WORK REQUIRED = Please write out exactly the lines of the data below from the line holding "Wall & Ceiling Panels Diagram**" through the line holding "Walk-In Cooler or Freezer**", and leave out the rest.

RECORDS SUPPLIED =
• • • • • • •
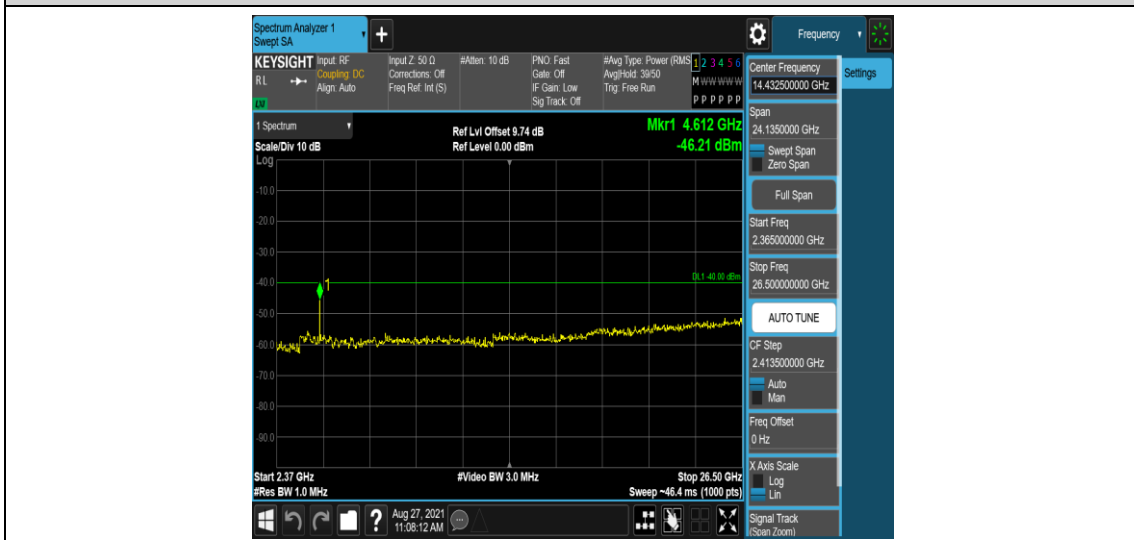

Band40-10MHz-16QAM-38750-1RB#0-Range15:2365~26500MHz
• • • • • • •
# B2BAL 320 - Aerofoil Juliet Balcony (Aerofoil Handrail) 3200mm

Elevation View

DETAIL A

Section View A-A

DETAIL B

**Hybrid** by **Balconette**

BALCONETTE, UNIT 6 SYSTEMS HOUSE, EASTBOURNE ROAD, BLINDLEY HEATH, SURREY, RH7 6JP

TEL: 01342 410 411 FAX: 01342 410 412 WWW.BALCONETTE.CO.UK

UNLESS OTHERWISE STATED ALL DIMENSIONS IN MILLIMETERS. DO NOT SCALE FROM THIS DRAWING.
• • • • • • •
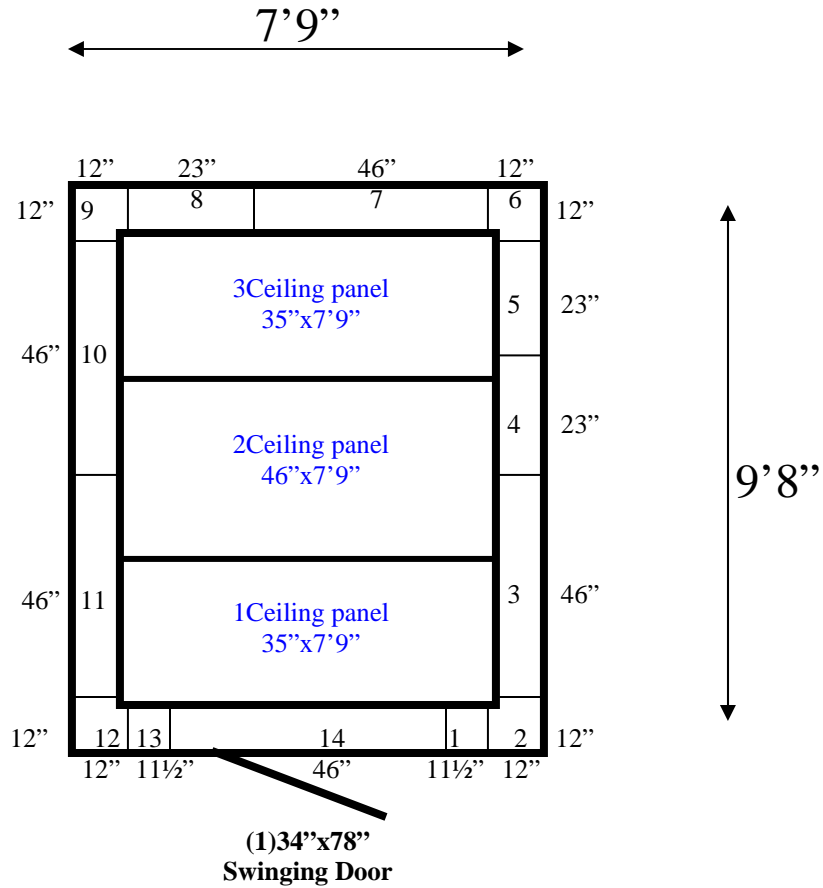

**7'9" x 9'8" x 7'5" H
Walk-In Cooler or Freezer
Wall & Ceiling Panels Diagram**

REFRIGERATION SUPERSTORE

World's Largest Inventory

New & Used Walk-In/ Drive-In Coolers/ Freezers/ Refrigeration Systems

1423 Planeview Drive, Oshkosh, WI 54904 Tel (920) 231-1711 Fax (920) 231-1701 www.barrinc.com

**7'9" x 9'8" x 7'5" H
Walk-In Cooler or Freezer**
• • • • • • •
COMPLETED TASK =
Wall & Ceiling Panels Diagram**

REFRIGERATION SUPERSTORE

World's Largest Inventory

New & Used Walk-In/ Drive-In Coolers/ Freezers/ Refrigeration Systems

1423 Planeview Drive, Oshkosh, WI 54904 Tel (920) 231-1711 Fax (920) 231-1701 www.barrinc.com

**7'9" x 9'8" x 7'5" H
Walk-In Cooler or Freezer**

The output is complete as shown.